| YOUR TASK |
Wherever a line below holds the word "Energy", copy that line.

:: DATA SUPPLIED

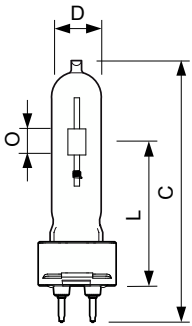

Luminous Efficacy (rated) (Nom)	85 lm/W
Color rendering index (CRI)	84
Arc Length O (Nom)	7 mm

Operating and Electrical	
Power Consumption	73.2 W
Voltage (Nom)	88 V

Controls and Dimming	
Dimmable	No

Mechanical and Housing	
Bulb Finish	Clear

MASTERC colour CDM-T

Bulb Shape	T19
Net Weight (Piece)	29.000 g
Approval and Application	
Energy Efficiency Class	G
Mercury (Hg) Content (Max)	4.6 mg
Mercury (Hg) Content (Nom)	4.6 mg
Energy Consumption kWh/1000 h	74 kWh
EPREL Registration Number	473328

Product Data

Order product name	MASTERC CDM-T 70W/830 G12 1CT/12
--------------------	----------------------------------

Full product name	MASTERC CDM-T 70W/830 G12 1CT/12
Full product code	871150019699615
Order code	928082305125
Material Nr. (12NC)	928082305125
Numerator - Quantity Per Pack	1
EAN/UPC - Product/Case	8711500196996
Numerator - Packs per outer box	12
EAN/UPC - Case	8711500197009

Dimensional drawing

Product	D (max)	D	O	L (min)	L (max)	L	C (max)
MASTERC CDM-T 70W/830 G12 1CT/12	20 mm	0.75 inch	7 mm	55 mm	57 mm	56 mm	103 mm

Photometric data

Light Distribution Diagram - MASTERC CDM-T 70W/830 G12 1CT/12

::::

| OUTPUT FOR THIS TASK |
Energy Efficiency Class	G
Energy Consumption kWh/1000 h	74 kWh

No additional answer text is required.